Recruitment trade bodies welcome response to Taylor Review on flexible working

Gig economy

Recruitment industry trade bodies have broadly welcomed proposals announced by government in their response to last summer’s Taylor Review into modern working practices.

Government plans, announced this morning, include a raft of new rights for the UK’s flexible workforce, as well as much stiffer penalties for firms that breach contracts or mistreat workers, while announcing further consultations on the future of the UK workforce.

Responding to this morning’s recommendations, Recruitment & Employment Confederation CEO Kevin Green welcomed these consultations.

Green said: “We are very pleased to see that the government is working towards more consistency and transparency around the rights and status of people working in the gig economy. This is something that is much needed to level the playing field so gig workers get the same rights as agency workers receive, such as holiday and sick pay.”

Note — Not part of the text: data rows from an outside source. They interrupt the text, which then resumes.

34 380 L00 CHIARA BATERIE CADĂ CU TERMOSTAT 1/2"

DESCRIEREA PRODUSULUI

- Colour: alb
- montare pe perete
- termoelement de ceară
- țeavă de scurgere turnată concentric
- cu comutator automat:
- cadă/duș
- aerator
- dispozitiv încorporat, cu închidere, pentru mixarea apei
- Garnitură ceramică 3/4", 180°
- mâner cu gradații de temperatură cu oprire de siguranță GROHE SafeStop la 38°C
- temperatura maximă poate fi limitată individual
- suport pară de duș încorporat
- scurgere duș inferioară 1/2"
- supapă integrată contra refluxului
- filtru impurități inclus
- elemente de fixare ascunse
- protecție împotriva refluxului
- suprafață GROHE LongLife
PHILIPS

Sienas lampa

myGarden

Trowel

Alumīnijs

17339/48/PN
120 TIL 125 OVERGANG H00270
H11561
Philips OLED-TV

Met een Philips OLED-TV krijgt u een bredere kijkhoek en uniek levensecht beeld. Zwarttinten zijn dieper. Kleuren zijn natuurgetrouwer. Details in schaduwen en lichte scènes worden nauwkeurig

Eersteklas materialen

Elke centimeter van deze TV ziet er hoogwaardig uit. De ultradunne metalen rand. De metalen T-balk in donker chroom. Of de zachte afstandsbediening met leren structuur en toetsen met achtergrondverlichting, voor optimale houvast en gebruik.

But he expressed disappointment that government had not made a decision around improving the Apprenticeship Levy by turning it into a broader training levy, adding more clarity is needed on some of the points government has raised, including the definition of zero-hour contracts and if agency workers are included. 

“We also need to know when exactly people are eligible to request a contract and if additional paperwork around this will mean more bureaucracy and therefore a greater burden. In addition, the government’s reform plans should not apply only to Swedish Derogation but instead should open up all parts of the Agency Workers Regulations for review.”

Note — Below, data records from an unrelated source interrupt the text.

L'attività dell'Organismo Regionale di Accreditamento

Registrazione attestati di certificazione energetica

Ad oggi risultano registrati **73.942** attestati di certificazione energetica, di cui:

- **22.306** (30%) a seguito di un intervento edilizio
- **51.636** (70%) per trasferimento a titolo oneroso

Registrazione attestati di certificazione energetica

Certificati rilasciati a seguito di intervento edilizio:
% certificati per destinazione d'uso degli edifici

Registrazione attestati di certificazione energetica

Tania Bowers, general counsel at APSCo, said the organisation is “very supportive” about the government’s desire for clarity particularly on employment status and how this is aligned to tax status, workers’ rights and entitlements and the differentiation between employed, workers and self-employed. 
 
“The employment status consultation, in particular, which will be open for 16 weeks, is extremely broad, complex and ambitious. As we stressed when we gave evidence during the Taylor Review, many of our members supply independent contractors – and it is vital that working in this way remains an attractive option for highly skilled consultants who drive much of the dynamism and flexibility in the economy. 

“We hope that the outcome of this exercise offers greater clarity so that these professionals can supply their services without the current level of confusion over their employment and tax status.”

Also commenting, Julia Kermode, CEO of trade association The Freelancer & Contractor Services Association (FCSA), said: “We are glad to see no move here, although the elephant in the room is still the fact that hirers do not pay employers’ NICs when they engage self-employed people, which can be a driver towards poor practice, particularly in sectors where margins and overheads are squeezed. There has been an increase in tribunals where self-employed people are challenging their employment status, and without some action to address the poor practices that exploit vulnerable workers then this is only set to continue.

“For that reason we very much welcome the proposed consultation on employment status, and we hope it will bring much-needed clarity to the different statuses in which people are engaged.”

Kermode added the FCSA welcomed government’s plan to provide agency workers with a clear breakdown of who pays them and any costs or charges deducted from their wages.

But employment lawyer Christopher Tutton, a partner at law firm Constantine Law, warns the devil will be in the detail in terms of how the government’s plans will work on a practical level.

“The announcement sets out some measures now which will be welcome news for agency workers. In particular there will be a right for all workers (including agency workers) to request a ‘more stable contract’, with the aim of providing more financial security for those on flexible contracts. What this is likely to involve is a right for workers to request moving on to a permanent contract, and then an obligation to consider (but not agree) this on the part of the engager. Further details are needed to understand how this will work on a practical level.”

Commenting on the impending consultations, Sybille Steiner, partner solicitor at law firm Irwin Mitchell, told Recruiter the consultation on agency workers recommendations will be of particular interest to agency recruiters. 

“The government’s announcement has not set any end dates for the consultations yet. The possible consequences of the government’s proposed reforms will become clearer once the consultations have concluded and Parliament announces its draft legislation. Based on the government’s announcement, it is likely that there will be penalties for non-compliance but the details of these penalties are not clearly defined in the government’s announcement.”